Потребительство — изолирующая жизненная и, в частности, психологическая стратегия, напрочь отсекающая всякие высшие смыслы. Это самоизоляция, подобная психотическому состоянию, да им и являющаяся, ведь конечная цель этой стратегии — достижение сугубо индивидуального довольства (самодовольства, удовольствия), а коллективное довольство («благосостояние общества») при этом — лишь маска, сумма индивидуального, потому что первого никогда не бывает без второго. Именно поэтому нынешние русские закрывают глаза на очевидное (например, на хамскую сущность «либерализма», на уголовную сущность «украинства», какими я описал их в своих очерках, и на те по большей части предельно простые вещи, о которых я говорю здесь). Эти слепые пятна познания есть симптом того, что скрытая и наиболее мощная личная мотивация даже самых патриотично настроенных людей — потребительская: слишком уж стыдно, невыносимо стыдно было бы признать, что столь отвратительные, адские явления подозрительно близки к собственному телу.

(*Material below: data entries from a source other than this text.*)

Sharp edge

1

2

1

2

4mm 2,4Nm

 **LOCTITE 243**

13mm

Какова же нынешняя судьба русской пассионарности? «Смерть одного типа пассионарности означает формирование другого её типа» — но если таких типов всего четыре, а, в сущности, только три, то что это значит? Революционный тип пассионарности сменится родоплеменным? И так по кругу? Или таких типов не три-четыре, а все-таки больше? Или, может быть, «смерть одного типа пассионарности» оказывается окончательной смертью? Или все же не оказывается? Ответа автор, к сожалению, не дает.

Можно думать и надеяться на то, что русские вспомнили о себе как о «стране героев», когда недавно им пришлось вступить в борьбу за самосохранение, за то, что сейчас называют суверенитетом. И впрямь, участие в СВО повышает уровень пассионарности, но, думаю, повышает лишь ограниченно, ситуативно и сугубо временно: победа будет достигнута, и пассионарность рано или поздно сойдет на нет. Ведь самосохранение как конечная цель — это отнюдь не новое, а старое, не «высшие смыслы», причем «суверенитет» в этом отношении — конечно же, необходимая, но исходная и в этом смысле низшая ступень.

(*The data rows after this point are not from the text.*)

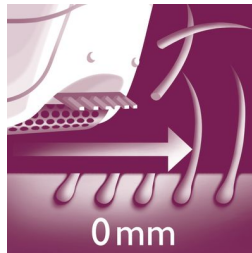

### Tête d'épilation extra-large

Notre tête d'épilation extra-large permet une épilation optimale des poils en un passage, pour une peau parfaitement douce pour longtemps en quelques minutes.

### Disques d'épilation doux

Cet épilateur est doté de disques d'épilation doux épilant les poils sans tirer sur la peau.

### Unité de redressement des poils

Le système de massage actif élimine les poils fins couchés et apaise la peau.

### Tête de rasage avec sabot

La tête de rasage amovible épouse parfaitement le contour du maillot ou des aisselles, pour un rasage précis tout en douceur. Sabot de tonte fourni.

Все это вынуждает меня остановиться на пессимистическом прогнозе относительно судеб русской пассионарности — чего-то иного придется еще подождать и, возможно, долго. Заодно я хочу по-своему и в самом сжатом виде ответить на важнейший для нас всех вопрос, прозвучавший в заголовке обсуждавшейся здесь статьи Е. Паниной, вопрос, ответ на который, на мой взгляд, содержится в статье самое большее в очень неявном виде: я считаю, что причина низкой пассионарности русских, и не только нынешних, а русских на протяжении вот уже шести-семи десятков лет, то есть целой человеческой жизни, заключается в преобладании у них потребительской жизненной установки. Формулировка «низкая пассионарность русских» справедлива — пассионарность у нынешних русских явно есть, особенно среди участников СВО, но она тормозится и подавляется древней жаждой земного Рая, и уже Рая не для всех, а только для тех, кто сумеет урвать его блага для себя лично. Большинство вяло согласны с «суверенитетом», но на самый худой конец примут и то, что было в России в 2000-е годы.

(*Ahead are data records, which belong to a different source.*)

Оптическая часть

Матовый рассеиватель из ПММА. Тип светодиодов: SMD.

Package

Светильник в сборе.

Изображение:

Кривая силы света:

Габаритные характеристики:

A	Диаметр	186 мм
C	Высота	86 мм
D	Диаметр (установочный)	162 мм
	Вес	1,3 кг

Может ли истинная пассионарность высших смыслов, непотребительская, нестяжательская жизненная стратегия, умереть навсегда, может ли она, умерев, воскреснуть? Она может сделать и то, и другое. История полна разного рода, в том числе счастливых, неожиданностей, и какой-нибудь внезапно возникший, то есть до поры остававшийся латентным, но вдруг проявившийся фактор или внешнее событие планетарных масштабов способны склонить чашу весов в ту или другую стороны. Остается только жить этой надеждой и транслировать в будущее идею истинной, «трансцендентной» пассионарности. Без такой надежды человеческая жизнь невозможна.

 

Декабрь 2023

 

[1] Относительно свежий пример — статья Е. Паниной «В чем причина низкой пассионарности современных русских» (2021). Ниже я буду обращаться к этой статье по мере изложения.